Auckland is deciding where the next generation of homes will go. Plan Change 120 is a proposal to rewrite the city’s planning rules. It would concentrate new housing near train stations and town centres. Further submissions open later this month.
The outcome will shape whether the next generation can afford to live in the city where they grew up.
Opponents say there is no point zoning for more homes unless the pipes and roads are already in place. Councillors Christine Fletcher and Troy Churton made this case in the NZ Herald. It sounds responsible.
But we can test this claim. Land prices tell us what is actually scarce.
Think about two paddocks at Auckland’s edge. One sits just inside the urban boundary, the other just outside. Same soil, same weather, same distance from town. The only real difference is that one has permission to become housing and the other does not.

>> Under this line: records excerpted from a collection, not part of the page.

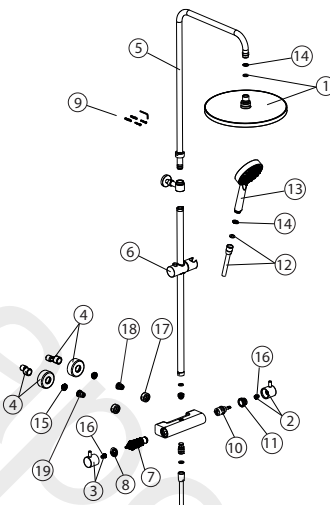

## 100245943 Matt black

Thermostatic shower column with built-in wax thermoelement with savetouch technology, round shower head, telescopic slide rail with slider bracket and additional "JOY S" hand shower. With connections of 1/2" and with a distance of 150±20mm between them. It includes non-return valve and safety stop at 38°C. The flow rate at 3 bar of the hand shower is 8,84l/min and of the shower head 8,68 l/min.

### Spare parts

Versión: 1 : A00

POS.	SAP	ART.	RRP*
1	100267658	SHOWER HEAD TEC ROUND COLUMN BLACK MATT	-
2	100267715	MAN INVER.COLUM.TERM. TEC ROUND NEGRO	-
3	100267742	MAN TEMP.COLUM. TERM. TEC ROUND NEGRO	-
4	100267740	EXCENT.+EMB.COLUM.TERM.TEC ROUND NEGRO	-
5	100267669	TUBO SUPERIOR TEC ROUND TERMO. NEGRO	-
6	100267687	SOP DUCHETA COLUMN. TEC ROUND NEGRO	-
7	100157729	CARTUCHO TERMOSTATICO PLASTICO HB F-LARG	-
8	100046424	ANILLO LIMIT.TEMP.TERM.BASIC	-
9	100267689	KIT FIJACION SOPOR. TUBO COLUM.TEC ROUND	-
10	250034501	CARTUCHO DESVIADOR IPSO SQUARE MIX	-
11	250034513	TUERCA-GUIA DESVIADOR IPSO SQUARE MIX	-
12	100215377	FLEXIBLE 150 CMS PVC ANTITORSION NG	-
13	100213256	MINIMAL HANDSHOWER BLACK	-
14	100072961	LIMITADOR 9L/MIN DUCHA	-
15	100143704	FILTRO TERMOST.EXT.D.Y B.D.BASIC	-
16	100285058	HANDLE CONNECTOR TEC ROUND MIX	-
17	100285086	TUERCA FIJACION EXCENT. TEC SQUARE NEGRO	-
29	250023963	ANTIRRETORNO COLUMNA IPSO	-
30	250036742	ANTIRRETORNO ICON SQUARE AC	-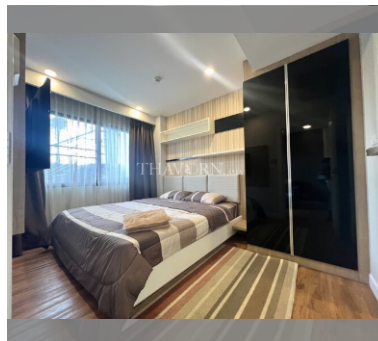

Condo for sale 1 bedroom 35 m² in Dusit Grand Park, Pattaya

฿ 1,900,000

UNIT PARAMETERS:

UID	FS-26907
quota	foreign quota
type	1 bedroom
size	35m²
floor	1
view	garden view
transfer fee payer	50/50

PROJECT PARAMETERS:

district	Jomtien
buildings	6
floors	8
built in	2015
maintenance	฿ 14,700/year

FACILITIES:

General information: resort, meters to beach: 500, minutes to beach: 10, underground parking, open parking.

Swimming pool: swimming pool, kids pool, water slides, waterfall, jacuzzi.

Chill zone: chill zone, garden.

Health zone: gym, sauna.

Other: lobby, clubhouse, CCTV, security, room service.

If permission were abundant, developers would not pay much more for the urban section. They could always go next door. So, any large gap between the two prices tells us that permission itself is scarce.
What do the numbers show?
Te Waihanga, the government’s infrastructure agency, found that Auckland’s urban land sells for nearly $1,300 per square metre more than rural land nearby. On a standard 600 square metre section, that premium adds up to roughly $780,000.

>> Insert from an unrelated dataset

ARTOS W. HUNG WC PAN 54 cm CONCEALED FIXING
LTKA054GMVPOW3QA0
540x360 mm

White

To be clear, the money is not for better soil or a nicer view. That is what it costs to get permission to build in Auckland.
Councillors can claim that the city has zoned enough land for housing. Prices suggest otherwise.
Even if you accept that infrastructure matters, pulling back permission now does not keep options open. It forecloses them.
Getting permission back later means another plan change, more delays, more years of hearings and appeals. Developers see the uncertainty and hold back today. Fewer homes get built. Prices stay higher than they need to be.
And the premise that Auckland lacks infrastructure is outdated anyway. The City Rail Link opens later this year. A massive new wastewater tunnel is nearly finished. Both will serve exactly the areas where Plan Change 120 focuses on growth.
Plans should keep options open. Consents should confirm a site is ready, not reopen the question of whether homes belong there at all.
When someone wants to build homes, the default answer should be yes.
Auckland does not need to rediscover scarcity dressed up as prudence.